29.10.10

Pais contestam divulgar contas para manter abono

por Pedro Sousa Tavares, in Diário de Notícias
Confap critica exigência a famílias, avós incluídos, de confirmar se têm cem mil euros.


A Confederação Nacional das Associações de Pais está a receber muitas queixas de famílias que contestam a obrigação de revelar o valor que têm nas contas bancárias para manter os abonos. A Confap já "pediu aos serviços jurídicos" para aconselharem os pais na prova de recursos, na qual o "agregado familiar" tem de provar não ter bens móveis (capital ou acções em contas bancárias) acima de cem mil euros. Caso contrário, fica automaticamente sem abono para o próximo ano.

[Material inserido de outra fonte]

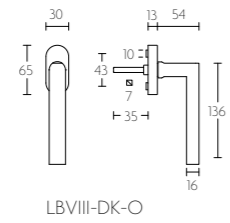

BASIC

LBVIII-DK-O

draaikiepgarnituur niet afsluitbaar | non-locking tilt and turn window handle

LBVIII-DK-O

mat roestvast staal
satin stainless steel

LBIX-DK-O

draaikiepgarnituur niet afsluitbaar | non-locking tilt and turn window handle
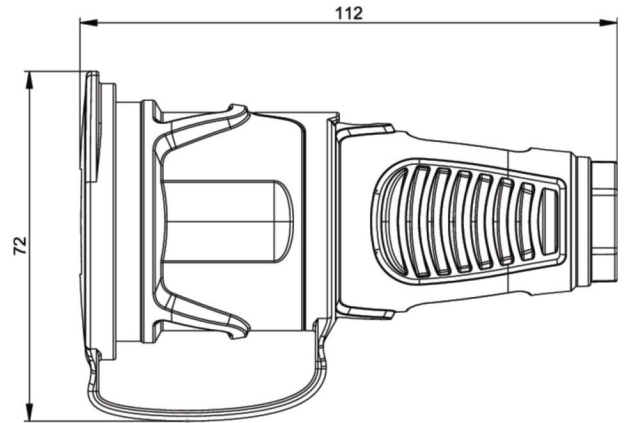

Artikel-Nr.	2521-es
Bezeichnung	Taurus2 Vollgummi-Kupplung DB nat IP54 (gelb/schwarz)
Langbeschreibung	Schutzkontaktkupplung Serie TAURUS2 - Vollgummi mit Deckelband Farbe (Haube/Ring/Deckel): gelb/schwarz/schwarz Material (Haube/Kontaktträger): TPE/TPE Schutzkontaktssystem: österr./deutsch 16A / 250V AC / 3p (2P+E), Schutzart: IP54
GTIN (EAN)	9003399469114
Ursprungsland	AT
Zolltarifnummer	85366990
Nettogewicht	0,095 kg
Verpackungsmenge	20
Mindestbestellmenge	500

ETIM 9.0	EC001327
Ausführung	Kupplung CEE 7/3 (Typ F)
Werkstoff	Vollgummi
Werkstoffgüte	Thermoplast
Für "erschwerte Bedingungen" nach VDE	Ja
Schutzart (IP)	IP54
Steckrichtung	gerade
Anschluss technik	Schraubklemme
Farbe	gelb
Polzahl	3
Nennspannung	250 V
Nennstrom	16 A

K (Kabel Ø)	6-13 mm
Leitung flexibel	1-2,5 mm ²
Kontaktschrauben	80 Ncm
Zugentlastung	110 Ncm
Abmantelungslänge	30 mm
Abisolierlänge	7 mm

<https://www.pcelectric.at/shop/de/?func=detail&artnr=2521-es>

Em declarações ao DN, Albino Almeida, presidente da Confap, classificou as regras em vigor de "voyeurismo do Estado", criticando ainda o facto de, ao abrigo do novo conceito de "agregado familiar", ser também exigida informação sobre os bens, por exemplo, de avós das crianças apoiadas que vivam sob o mesmo tecto destas.

Contactado pelo DN, o Ministério do Trabalho e Segurança Social esclareceu que "aquando da realização" da prova de recursos "não é solicitado ao beneficiário qualquer documento comprovativo do seu património mobiliário (por exemplo extractos de contas bancárias) ou de outros elementos do agregado familiar". Ao que o DN apurou, o formulário em causa pede para indicar o valor dos bens. Mas a tutela mantém sempre o direito de aceder a essa informação, com a família a poder optar entre dar acesso às suas contas ou fazer prova dos bens que possui.

Albino Almeida insiste que se trata de "voyeurismo", questionando a legitimidade do Governo para "inspeccionar" e considerar todos os bens do agregado: "Uma família pode decidir acolher em casa um idoso que até tem um pé--de-meia, mas isso não significa que este queira dispor do seu dinheiro. E se tiver vários descendentes?", questiona. "Faz uma partilha em vida?"

Outro exemplo: "Um candidato à bolsa do ensino superior, com 18 anos, terá de assinar uma declaração em que se compromete com valores que lhe são comunicados por familiares. Se estes mentirem, incorre no crime de falsas declarações em co-autoria."

Críticas subscritas pelo fiscalista Tiago Guerreiro, que acusa o Governo "de pôr em causa "o direito à privacidade" e "a destruir princípio de família alargada, solidária entre si, que é fundamental na sociedade portuguesa", por comodismo. "O que deve fazer-se, quando há dúvidas, é investigá-las e agravar as penas para quem mente", defende. "O Governo optou pela solução mais fácil de penalizar todas as famílias."

"Trata-se de uma devassa sobre a vida das pessoas e, mais grave, sobre terceiros", subscreve Maria do Carmo Tavares, responsável para as questões sociais da CGTP, que aguarda "há algum tempo uma posição da Provedoria de Justiça sobre esta matéria".

Ao DN, Luís Silveira, presidente da Comissão Nacional de Protecção de Dados, confirmou ao DN aguardar também esclarecimentos "sobre aspectos da lei que não coincidem com a portaria" que a veio regulamentar, nomeadamente sobre o acesso a dados de terceiros. Entretanto, aconselhou as famílias "apresentar" queixas à comissão.